In a move to create massive employment opportunities to compensate for the job losses during corona, the government has incentivised the construction and housing value chains in the country.
Under the personal leadership of the PM weekly meetings are held to remove the regulatory burden on the construction industry. As a result, it has seen more ease of doing business reforms and deregulation in the past five weeks than it had in the last fifty years. These reforms have been institutionalized all across the value chain from urban master planning and unlocking of land banks to digitalizing approval systems for quick and automatic approvals and rejuvenating sustainable systems for construction and mortgage finance by the SBP.
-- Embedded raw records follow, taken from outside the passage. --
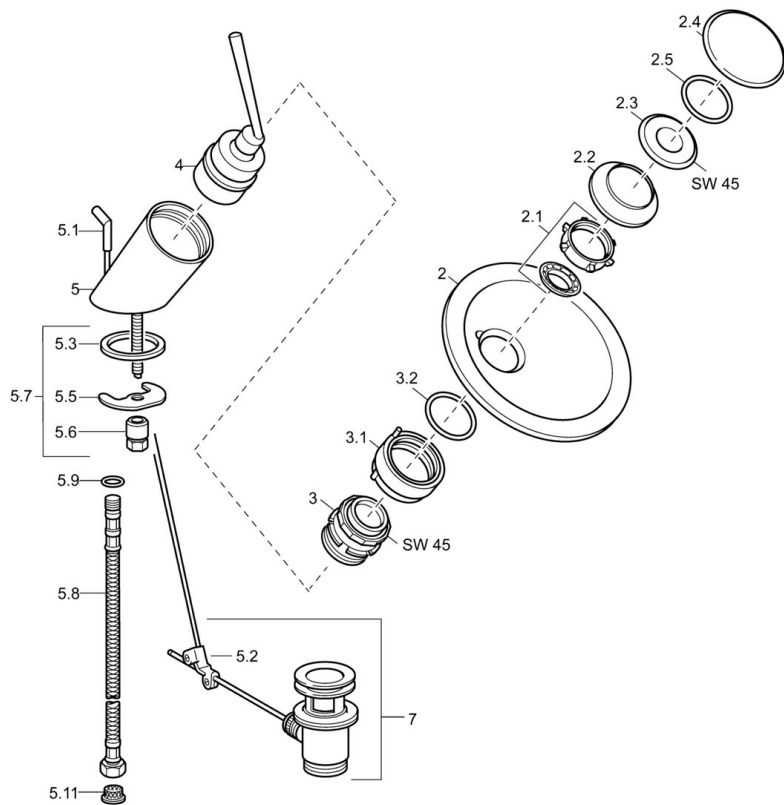

EAN: 4015474065239
static.hansa.com/5606320179

- Lavabo
- Monocommande
- Montage sur plaque
- Chrome
- Poignée de régulation du débit
- Filtre(s) à impuretés

Caractéristiques techniques

Caractéristiques techniques

SP5609210178

	Nom	Code
2	Glass bowl, d 190 mm Transparent	59912517
2	Glass bowl, d 190 mm Satin Arrêté	59912518
2	Glass bowl, d 160 mm Transparent Arrêté	59912519
2	Glass bowl, d 160 mm Satin Arrêté	59912520
2.1	Ensemble de fixation, M30x1	59912521
2.2	Membrane Arrêté	59912522
2.3	Vis Loop, M30x1, AF45	59912523
2.4	Anneau décoratif	59912524
2.5	Joint, d 42x1.5	59912531
3	Écrou de fixation, M55x1, AF45	59912525
3.1	Anneau	59912526
3.2	Joint torique	59912546
4	Cartouche, 4.8 Murano	59912387
5.1	Tirette de vidage	59912527
5.2	Joint	59904624
5.3	Joint, 37x48x3.5	59911422
5.5	Fixing plate	59904765
5.6	Vis, M8x1, SW13	59904766
5.7	Ensemble de fixation	59910749
5.8	Flexible d'alimentation, L=500, G3/8-M10x1	59911767
5.9	Joint, d 6.75x1.78	59902351
5.11	Filtre à impureté	59911684
7	Vidage	59911441
N.I.	Tuyau de raccordement, L=430, M10x1	59912550
N.I.	Socket wrench, SW36	59913900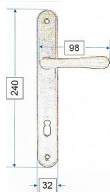

## Popis

ladí interiér s rozvorami, půlolivami a olivami řady ELEMENT Parametry dveřního kování ELEMENT: vruty 3,5×25 mosaz drážka kování s roztečí 72, 90 a 92 mm čtyřhran 80 mm červíky na připevnění

Dodavatelské číslo	EL72KT
Značka	BERNAT
Kód produktu	03090-2332
Balení	1 Ks

## Parametry

Značka	BERNAT
Barva	Bronz, F4 bronz elox
Rozteč	72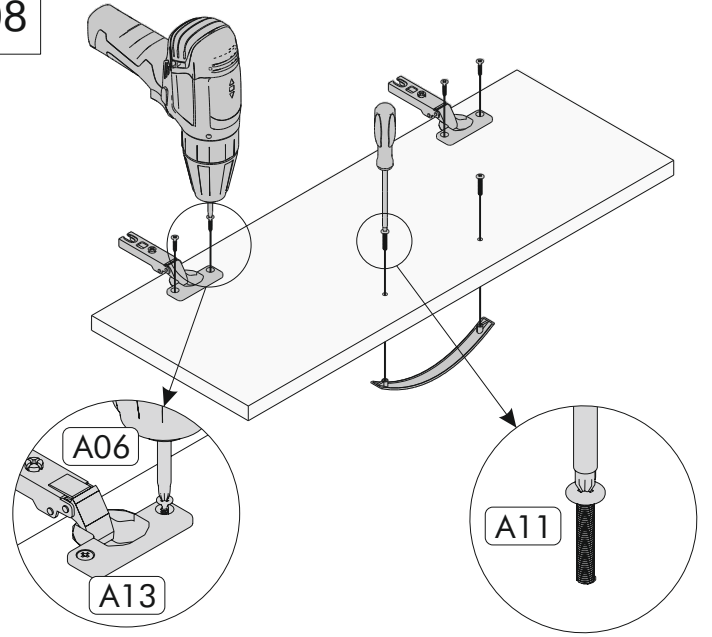

07

08

09

10

KAPAK AYARI / DOOR SETTINGS

The measures like streamlining availability of utilities for development sites, reviving REITs financing and tax rationalization, creating incentives for low cost housing and facilitating home ownership across the count, were introduced. This model of applying fast track reforms under the leadership of the Prime Minister and involving administrative machinery of both the federal and the provincial governments is all set to roll out across major value chains involving the manufacturing, services, agriculture and knowledge economy.
Background home work has been completed and reforms packages are ready for implementation by mobilizing the government machinery and public private partnerships.
Analyst say Pakistan can benefit from the current global opportunities of relocation of production centers by being competitive with other regional countries. The Prime Minister is moving forward briskly to boost Pakistan’s image and international rankings in investment, productivity and competitiveness from the bottom quartile to the top quartile in the next three years.